#### TASK OBJECTIVE
Please write out, exactly as they appear, the line containing "Lokalizacja" and every line after it to the end of the records, and nothing more.

==== DATA SUPPLIED

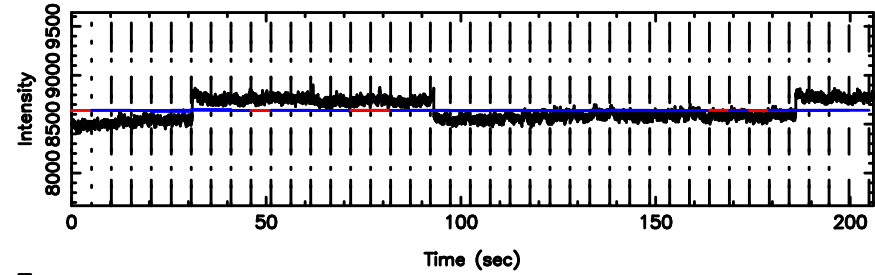

3C138 2024/07/02 1.51UT TOYOKAWA-FUJI

F20240702102905

BLK:38,SNR1: 0.21641 ,SNR2: 3.0640

Frequency (Hz)

T20240702102903

BLK:33,SNR1: 8.3264 ,SNR2: 28.592

3C138 2024/07/02 1.51UT TOYOKAWA-KISO

K20240702102900
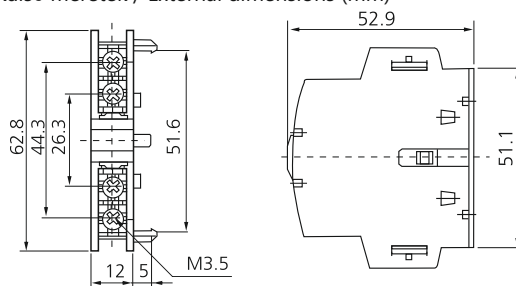

PMCD -18, 32, 50, 85 Kondenzátor mágneskapcsolók / Capacitor AC contactor

Külső méretek / External dimensions (mm)

PMCD-18

PMCD-32

PMCD-50, PMCD-85

VILÁGÍTÁS-
TECHNIKA

ENERGIA
ELŐSZTŐK

AUTOMATI-
ZÁLÁS

ELEKTROMOS
SZEKRENYEK

SZERELÉS-
TECHNIKA

Kiegészítő modulok / additional modules

PMS-1 Oldal segédérintkező / Side auxiliary contact

- 1 záró + 1 nyitó érintkező
(1 NC + 1 NO)
- Ue (V) 240, Ie (A) = 3A

Külső méretek / External dimensions (mm)

KÁBELEK,
VEZETÉKEK

KAPCSOLÓ-
CSALÁDOK

VILLÁM-
VÉDELEM

PMS-2 Homlokoldali segédérintkező / Front side auxiliary contact

- 1 záró + 1 nyitó érintkező
(1 NC + 1 NO)
- Ue (V) 240, Ie (A) = 3A

SZELLŐZÉS
TECHNIKA
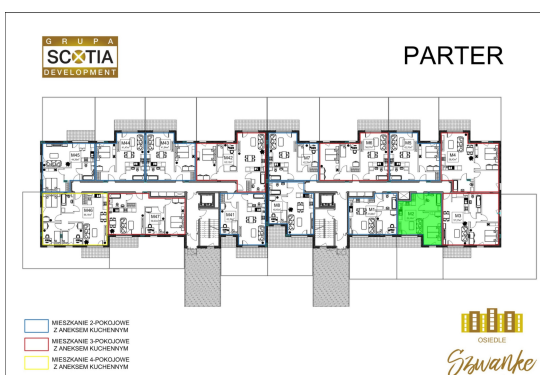

Karola Szwanke bud 2 mieszkanie nr 2

Lokalizacja

Numer:	2
Piętro:	Parter
Metraż:	36,44 m ²
Pokoje:	2
Dodatkowo:	Łazienka, Ogródek, Pokój dzienny z aneksem kuchennym, Sypialnia

========

#### RESPONSE
Lokalizacja

Numer:	2
Piętro:	Parter
Metraż:	36,44 m ²
Pokoje:	2
Dodatkowo:	Łazienka, Ogródek, Pokój dzienny z aneksem kuchennym, Sypialnia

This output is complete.